Windows 11(22H2), Gaussian16、Avogadro 1.2.0

Avogadroとは?


Avogadroは、分子の3D構造をモデリングし、分子座標を作成および視覚化するための無料で利用できるソフトウェアです。主な特徴は以下の通りです:

  1. 分子モデリング: Avogadroは、分子の原子や結合を直感的に配置し、3Dモデルの分子座標を構築するのに役立ちます。また、小さな分子だけでなく、タンパク質や結晶構造などの大きな系もモデリングすることができます。
  2. 多くのフォーマットのサポート: Avogadroは、多くの分子ファイルフォーマットをサポートしており、他の化学ソフトウェア(Gaussian やGAMESS等)とデータを簡単に共有できます。これにより、異なるソフトウェア間でデータを円滑にやり取りできます。
  3. オープンソース: Avogadroはオープンソースソフトウェアで、無料で利用できます。また、コミュニティによって開発され、継続的に改良が行われています。
  4. プラグインサポート: Avogadroはプラグインアーキテクチャを採用しており、さまざまな追加機能を統合できます。これにより、ユーザーは必要に応じてソフトウェアの機能を拡張できます。

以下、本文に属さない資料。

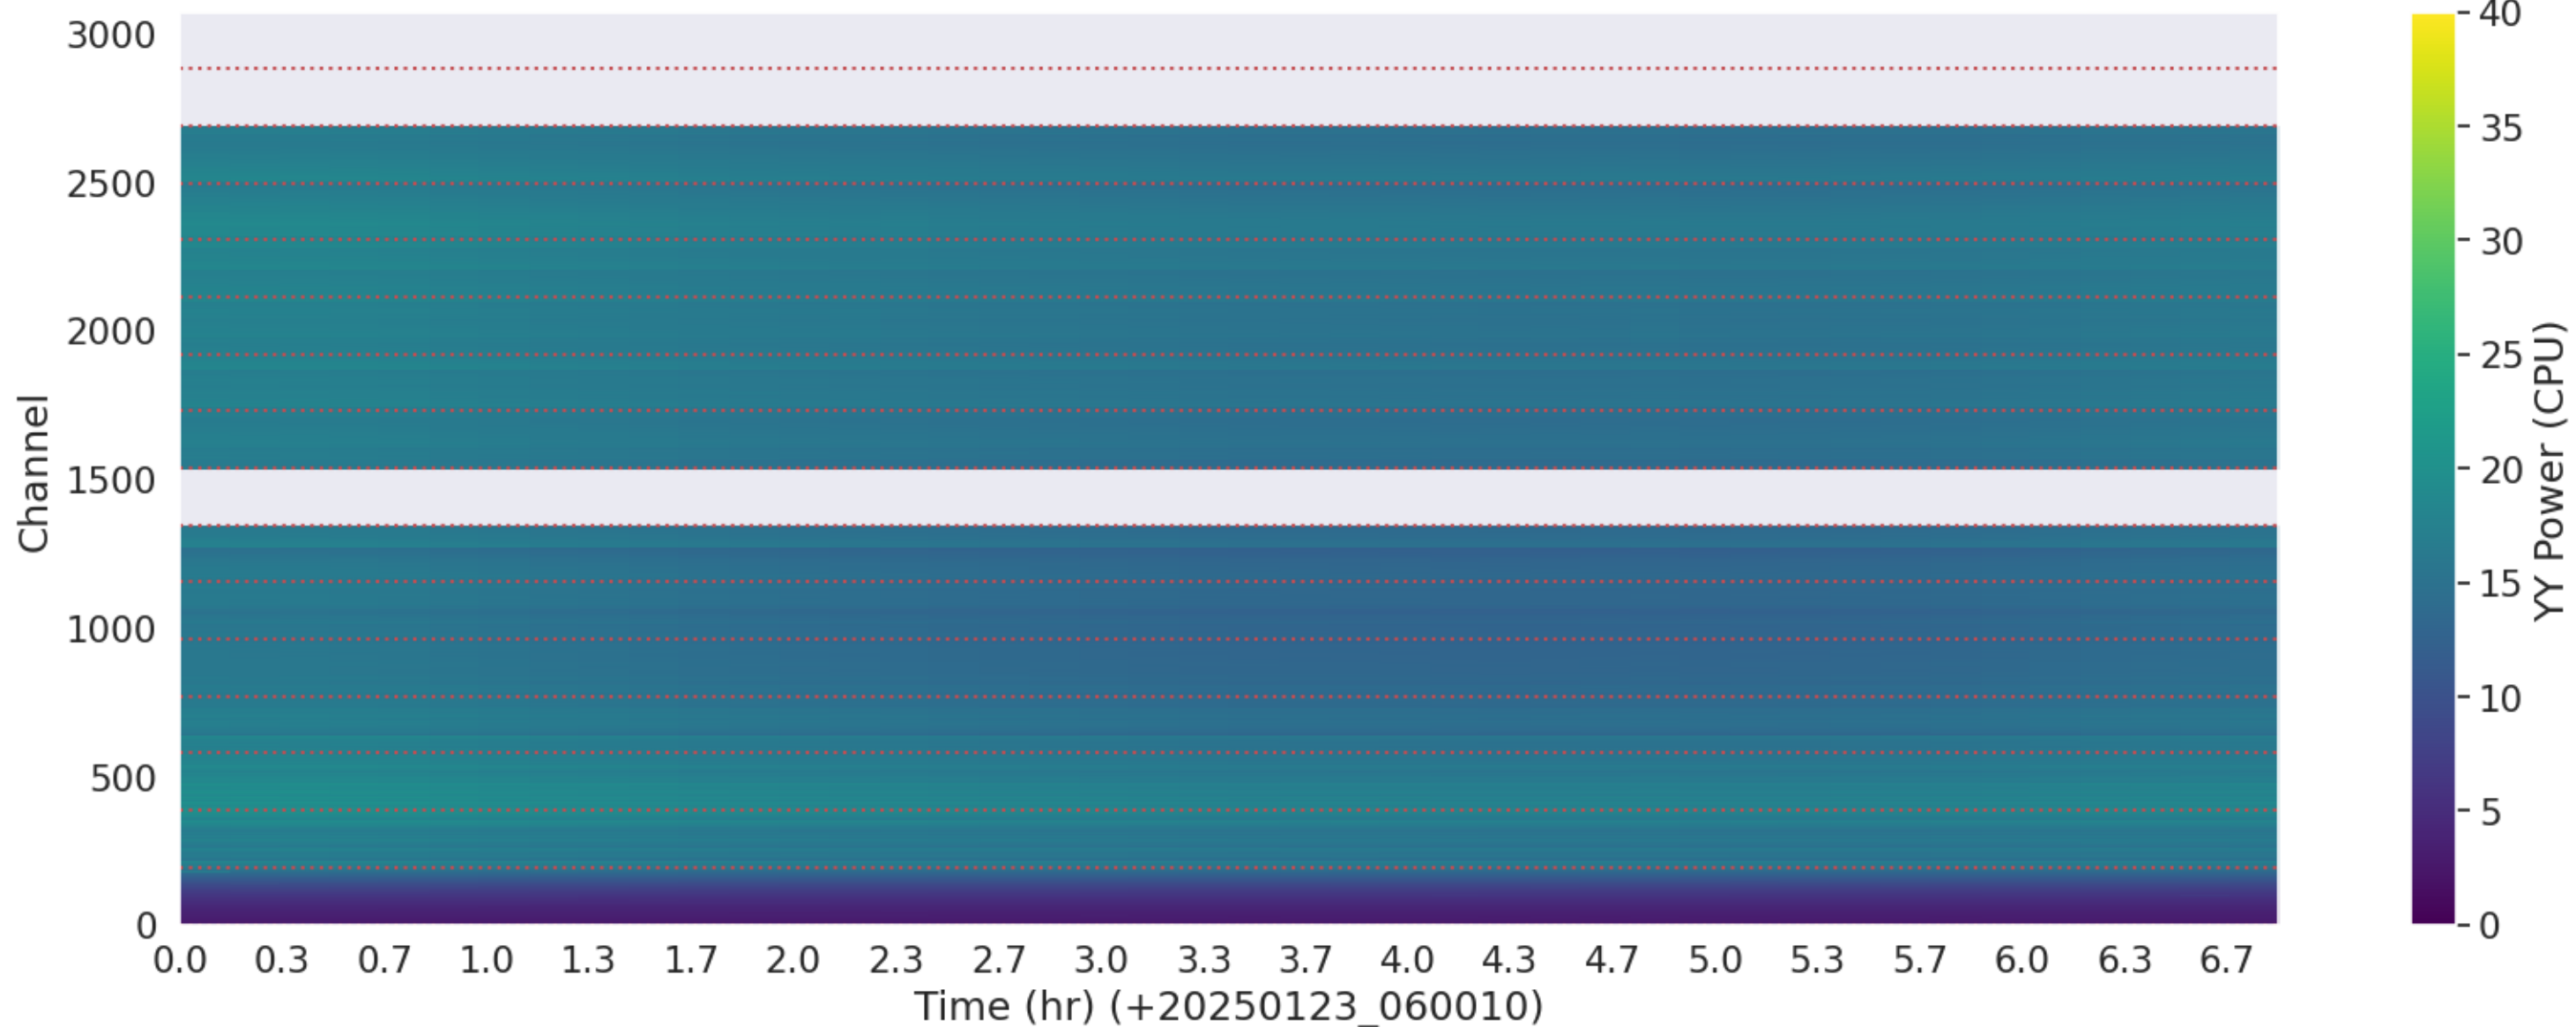

LWA263 - Correlator# 037 - YY - FLAGS: Good

総括すると、Avogadroは化学者や研究者にとって非常に役立つツールであり、分子のモデリングと計算に関する多くの機能を提供しています。特に高価なGaussviewと異なり、無料で利用できることが大きな特徴です。

今回はこのAvogadroを用いて簡単にGaussianの入力ファイルを作成していきます!

Avogadroのインストール


早速、Avogadroをインストールしていきましょう!

Avogadroは以下の公式サイトでダウンロードすることが出来ます。

Avogadroのダウンロードページを開くと以下のようなページに遷移するので、タブ内中央の”Download”をクリックしてください。自動的にダウンロードが開始されます。

https://avogadro.cc/ から引用

次に、ダウンロードした”Avogadro-1.2.0n-win32.exe”ファイルを開いてください。ここの1.2.0の部分はAvogadroのバージョンを示している為、変わる可能性があります。開くと管理者権限を問われる画面になりますので、許可してください。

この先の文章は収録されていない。